** Opening EXERCISE DATA block **

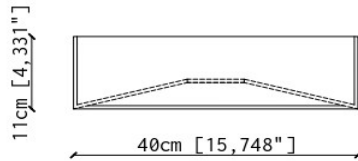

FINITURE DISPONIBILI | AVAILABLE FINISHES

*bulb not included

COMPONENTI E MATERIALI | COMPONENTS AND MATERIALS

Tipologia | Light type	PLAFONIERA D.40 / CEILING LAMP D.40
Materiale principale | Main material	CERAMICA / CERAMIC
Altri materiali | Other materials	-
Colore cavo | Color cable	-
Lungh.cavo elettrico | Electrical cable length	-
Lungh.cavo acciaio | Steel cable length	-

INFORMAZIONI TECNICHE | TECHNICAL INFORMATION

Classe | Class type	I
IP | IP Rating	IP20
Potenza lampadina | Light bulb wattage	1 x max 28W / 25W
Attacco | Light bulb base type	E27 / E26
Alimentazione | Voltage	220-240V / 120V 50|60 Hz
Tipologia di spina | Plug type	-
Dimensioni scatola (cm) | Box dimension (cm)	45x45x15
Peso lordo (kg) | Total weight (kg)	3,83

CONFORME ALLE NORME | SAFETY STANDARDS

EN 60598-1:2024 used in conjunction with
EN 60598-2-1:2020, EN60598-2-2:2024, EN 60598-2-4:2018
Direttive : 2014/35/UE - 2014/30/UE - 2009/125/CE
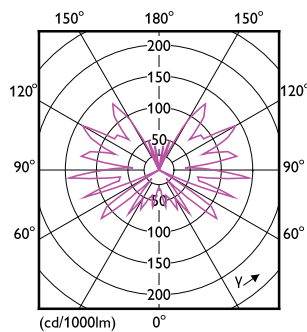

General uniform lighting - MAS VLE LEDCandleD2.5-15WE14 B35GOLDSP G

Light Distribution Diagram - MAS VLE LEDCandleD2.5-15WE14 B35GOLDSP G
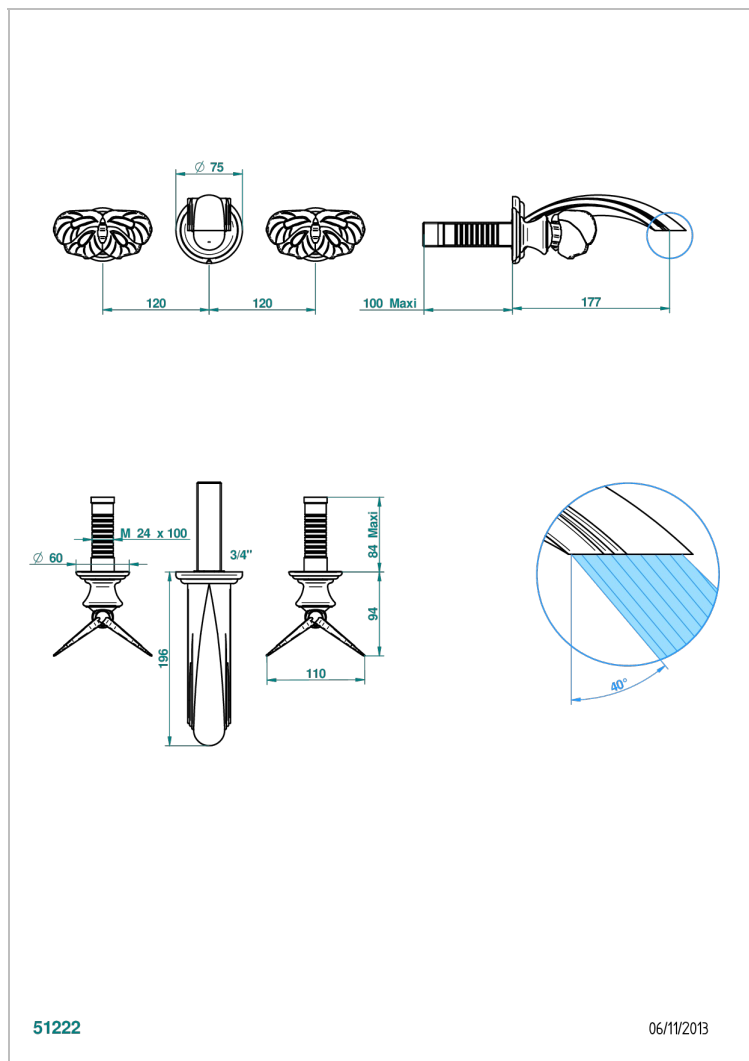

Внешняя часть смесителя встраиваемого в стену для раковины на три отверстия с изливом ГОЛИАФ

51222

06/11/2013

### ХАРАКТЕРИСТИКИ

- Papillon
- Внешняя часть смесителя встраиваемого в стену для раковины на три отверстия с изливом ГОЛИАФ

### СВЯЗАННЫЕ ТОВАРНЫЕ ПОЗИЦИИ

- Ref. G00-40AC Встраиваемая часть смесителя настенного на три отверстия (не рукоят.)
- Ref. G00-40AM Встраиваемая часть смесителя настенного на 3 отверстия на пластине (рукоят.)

** Closing EXERCISE DATA block **

[WHAT IS EXPECTED]:
From the listing above, return each line with the word "bulb".

[TASK RESPONSE]:
*bulb not included
Potenza lampadina | Light bulb wattage	1 x max 28W / 25W
Attacco | Light bulb base type	E27 / E26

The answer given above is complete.